ココナラができるまでのぶっちゃけ話(その1)

7月3日(火)にローンチした「ココナラ」。おかげさまで、オープン3日で登録ユーザー2,000名、出品サービス400件、サービス購入200件を突破した。

有料のサービスで、しかもログインしないとサイトが見れないというリリースの仕方の中では、まずまずの数値と言っていいのかな?

これまでお世話頂いたみなさま、本当にありがとうございます。


さて、当初から「起業ブログ」と言っておきながら、これまでこのブログでは一切ココナラについて触れて来なかったので、とりあえずオープンに辿り着いたことだし、そこまでの経緯を公開してみる。

Webサービスなんて作ったこともなかった創業メンバー3人が、何を、どうして、ここまで辿り着いたか。

これから起業を考えている人にはいくらか参考になるかもしれないので、だいぶぶっちゃけてみようと思う。

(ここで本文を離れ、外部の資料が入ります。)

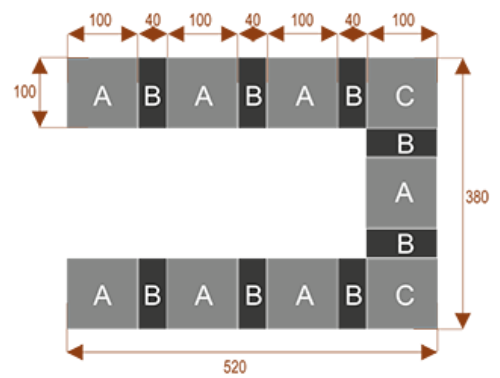

Wymiary stołu ze zdjęcia:

- Długość **180cm** - możliwa lekka modyfikacja wymiarów w cenie.
- Głębokość **100cm** - możliwa lekka modyfikacja wymiarów w cenie.
- Wysokość blatu roboczego **75cm** - możliwa lekka modyfikacja wymiarów w cenie
- Stopki poziomujące
- Stelaż metalowy
- Kolor stelażu metalik , biały , czarny - lub inne do wyceny
- Możliwość dodania mediaportów

Przy większych ilościach mebli -Koszty transportu i rabaty ustalane są indywidualnie ([proszę pytać mailowo](#))

K10

Okolo 60 cm na osobę
Pomieści 10 osób

K14

Okolo 60 cm na osobę
Pomieści 15 osób

K20

Okolo 60 cm na osobę
Pomieści 20 osób

K8

Okolo 60 cm na osobę
Pomieści 8 osób

K28

Okolo 60 cm na osobę
Pomieści 28 osób

K36

Okolo 60 cm na osobę
Pomieści 36 osób

Dobierz akcesoria

Mediaporty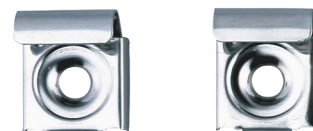

Fixação com mola para espelho mural

Ref. 577

Conjunto de 4, para espelho

PVP indicativo s/ IVA Portugal 2025: 4,67 €

DESCRIÇÃO

Fixação com mola para espelho mural - Ref. 577

Fixações com mola para espelho.
 Conjunto de 4 fixações, 2 com mola.
 Acabamento inox polido brilhante.
 Dimensões: 8 x 23 x 24,5 mm.
 Fixações com garantia de 30 anos.

CARACTERÍSTICAS TÉCNICAS

Fixação com mola para espelho mural - Ref. 577

Altura	23 mm
Profundidade	8 mm
Largura	24,5 mm
Acabamento	Inox polido brilhante
Garantia	

VANTAGENS

Fácil instalação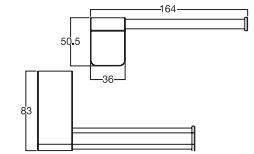

K-1387

Giá: 750.000 Đ

Đĩa đựng xà phòng
Acacia Evolution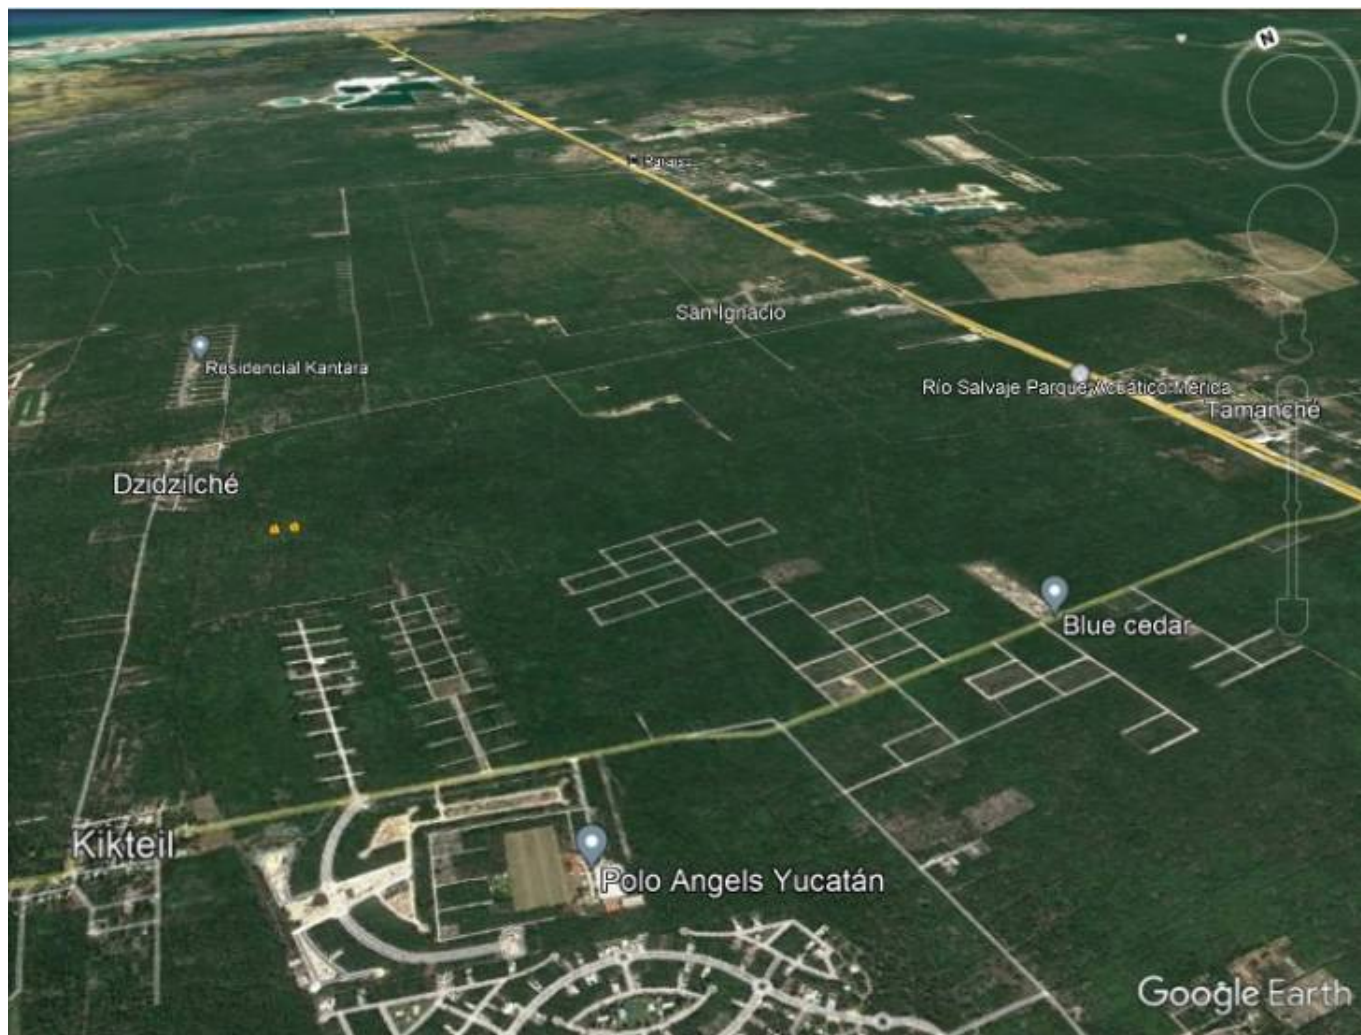

Terrenos de Oportunidad en Komchen, al norte de Mérida, Yucatán de 1000 m2 c/u en \$500,000 c/u

Mérida Yucatán [Ver en la página]

Precio desde: \$500,000 MXN

Características:

Metros frente: 10
Metros fondo: 30

m²: 300

**Terreno o Lote en
venta
Código: 340**

Descripción

Se venden 2 terrenos de excelente oportunidad de inversión al norte de Mérida, Yucatán, ubicados en la localidad de Komchen, a un costado del poblado de Dzidzilché, rodeado de desarrollos residenciales, en una zona de muy alta plusvalía y crecimiento, a tan solo 15 min. del hermoso puerto de Progreso y 15 min. de periférico norte, a 4 km. de la carretera federal Mérida-Progreso, con postes de luz a 450 m. y brechas de acceso.

Los terrenos son de 1000 m². c/u (20 m. de frente por 50 m. de fondo) y se venden en \$500,000 pesos c/u.

Propiedad privada, libre de gravamen, escrituración inmediata y trato directo.

FOTOS

(もっと詳細が聞きたければ、5人以上集めていただければなるべくどこにでも話に行くので、お声がけください。)



ココナラはどん底から始まった


前にこのエントリーでも書いたことがあるが、もともと株式会社ウェルセルフは、ヘルスケアビジネスをやろうとして作った会社だ。

2つ目のビジネスプランは2ヶ月くらいスタディをし、開発にも入ったところで、ストップした。こちらはかなり本腰を入れて準備をしていたので、ストップした時はさすがに2日間ほど意気消沈した。

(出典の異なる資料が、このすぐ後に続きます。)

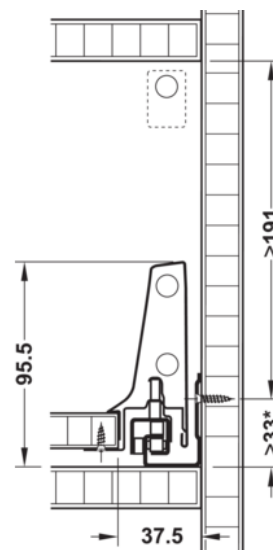

Häfele Prednji sustav izvlačenja ormara za montažu na prednji dio Tandembox antaro sa vodilicom korpusa Blumotion visina M 83mm, reling D, nosivost 30kg, nazivna duljina 350mm RAL 9006 aluminij bijela

Šifra proizvoda	Debljina	Dužina	Širina
71550/0202	0 mm	0 mm	0 mm

Vrsta izvlake: puno izvlačenje sa Blumotion, sa integriranim ublaživačem u vodilici korpusa omogućava lagano i nečujno zatvaranje ladice.

Nosivost: 30kg

Nazivna duljina: 350 mm

U isporuci obuhvaćeno:

- 1 par vodilice korpusa 558.3501B
- 1 par bočnih stranica sa kapama 358M3502SA
- 1 reling set (lijevi/desni), u boji bočne stranice ZRG.287RSIC
- 1 leđni držač set, visina 224 mm (lijevo/desno) Z30D000SL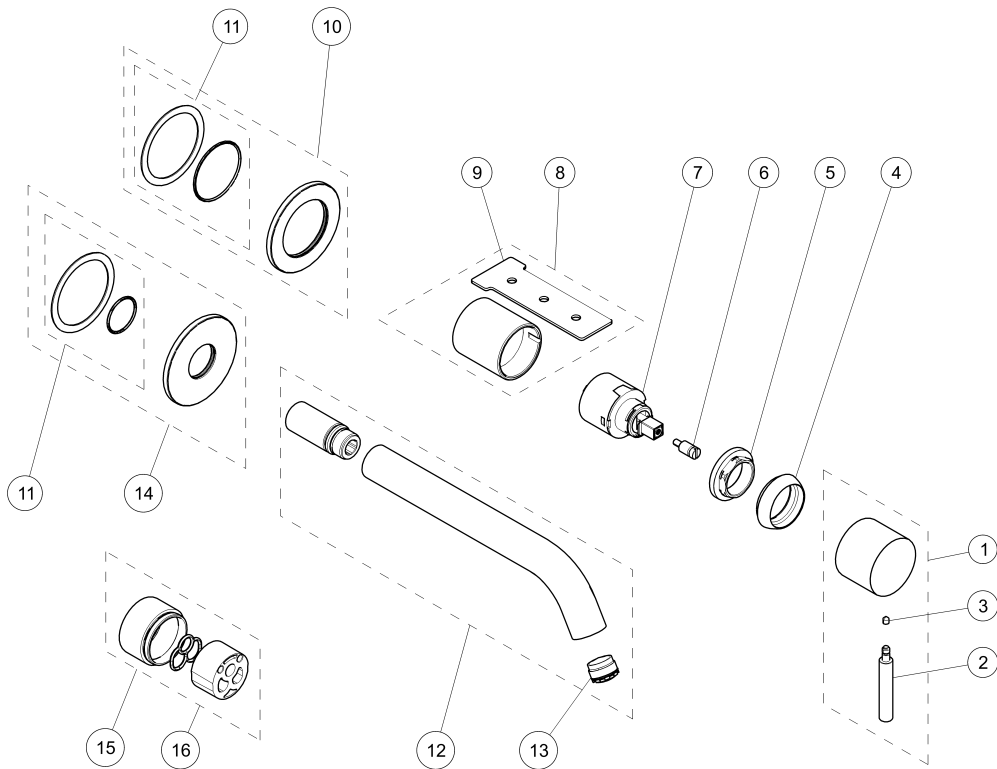

ART. E811B+M111A - Miscelatore lavabo da parete / Wall-mount washbasin mixer / Mitigeur lavabo mural

**ART. E811B+M111A - Miscelatore lavabo da parete / Wall-mount washbasin mixer / Mitigeur lavabo mural**

N°	Codice / Code	Descrizione / Description / Désignaton
1	50_G949	<b>Maniglia completa</b> Complete handle Manette complète
2	90_Q976	<b>Leva per maniglia</b> Lever for handle Lever pour manette
3	90008659	<b>Grano M4x4</b> Locking screw M4x4 Vis de blocage M4x4
4	90_Q435	<b>Cappuccio coprighiera</b> Nut-ring cap Capouchon sous manette
5	9000Q108	<b>Ghiera bloccaggio per cartuccia</b> Locking ring for cartridge Écrou de serrage pour cartouche
6	9000Q977	<b>Adattatore per maniglia</b> Handle adaptor Adaptateur pour manette
7	9000M170	<b>Cartuccia Ø 35 mm</b> Ø 35 mm cartridge Cartouche Ø 35 mm
8	90_Q978	<b>Cannotto porta cartuccia</b> Cartridge sleeve Manchon pour cartouche
9	9000Q352	<b>Chiave bloccaggio cannotti</b> Sleeve-locking key Clé d'arrêt manchons
10	90_Q017	<b>Rosone completo</b> Complete backplate Rosace complète
11	9000Q844	<b>Kit con O-ring e spugna</b> Kit with O-ring and sponge Kit avec O-ring et éponge
12	90_9829	<b>Bocca lavabo da parete - 20 cm</b> Wall-mount washbasin spout - 20 cm Bec lavabo mural - 20 cm
13	90009793	<b>Aeratore M18,5x1 con chiave di smontaggio</b> M18,5x1 aerator with disassembling key Aérateur M18,5x1 avec clé pour demontage
14	90_8511	<b>Rosone per bocca</b> Backplate for spout Rosace pour bec
15	9100W109	<b>Prolunga 2 cm</b> 2 cm extension Rallonge 2 cm
16	9100W109/4	<b>Prolunga 4 cm</b> 4 cm extension Rallonge 4 cm

この、開発をストップしたのが9月27日(火)だった。

誰も言わなかったけど、会社として解散するというオプションもある中で、さてどうしようかと3人。

とりあえず、いくつか残っていたビジネスプランの実現可能性をチェックしようということになった。

元々、ココナラの原型、「マイクロサービスプラットフォーム」という呼び名のビジネスアイデアは、共同創業者の @satoshimmyo から夏ごろに聞いていたのだが、直感的にビジネスとしてスケールが小さすぎるなぁと思い、却下していた。

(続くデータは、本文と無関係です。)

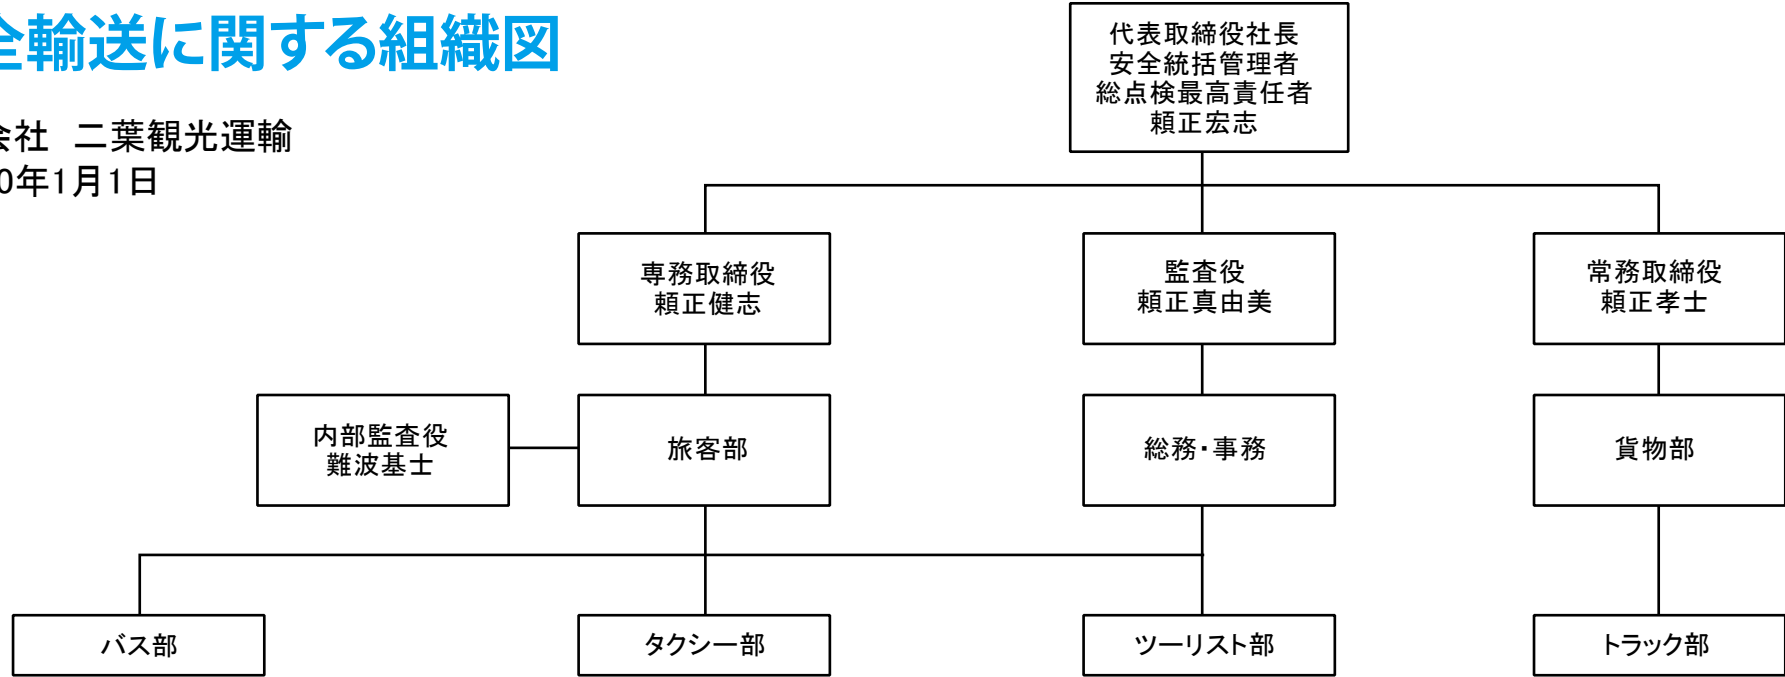

安全輸送に関する組織図

株式会社 二葉観光運輸
平成30年1月1日

事故・災害等に関する報告連絡体制

株式会社 二葉観光運輸
平成30年1月1日

ただ、9月末頃には、こういうCtoC系のサービスもうまくやればそれなりのスケールを持ちそうだという感覚と、ヘルスケアビジネスの開発プロセスの中で、「自分の知識を活かしてもっと人の役に立ちたい」と真摯に思っている方に出会えたおかげで、それなりにいけるかもという気分にはなっていた。

まあ、とにかく実現可能性を検討しなくちゃいけない。

ということで、その週の金曜日に、まずはアンケートをやってみた。
木曜日に思いつき、資料を作り、金曜日に友人たちにお願いをした。

急がなくちゃ!



これはいけるかも、と思ったアンケート結果


本当にありがたいことに、金曜日の夜にお願いしたアンケートは、月曜日の朝には60通ほど、翌週の終わりには100通ほど返ってきた。結構なボリュームのアンケートだったのに。。。

実際にお願いしたアンケートはこんな感じ。





パワーポイントでサービスイメージを作り、サービスのタイプを8つのタイプにわけ、それぞれ8個ずつ、合計64個のサービスの中から、欲しいものがあるかどうかを問うものだった。

僕が一番喜んだ結果は、とにかく、欲しいサービスがバラついたことだった。ほぼすべてのサービス案に票が入り、薄く広くばらけた。

どれかに偏ってしまったらプラットフォームとしては成り立たないと思っていたので、この多様性が驚きだった。


アンケートの結果のひとつに、以下の様な趣旨のコメントがあった。

自分でがんばって調べればできるものを、わざわざお金を払って他の人に頼むことはしません。

僕が個人的に欲しかった「あなたの代わりに、予算・目的にあわせて飲み会・二次会のお店を探します」というサービスは、その方にとっては理解できないものらしい。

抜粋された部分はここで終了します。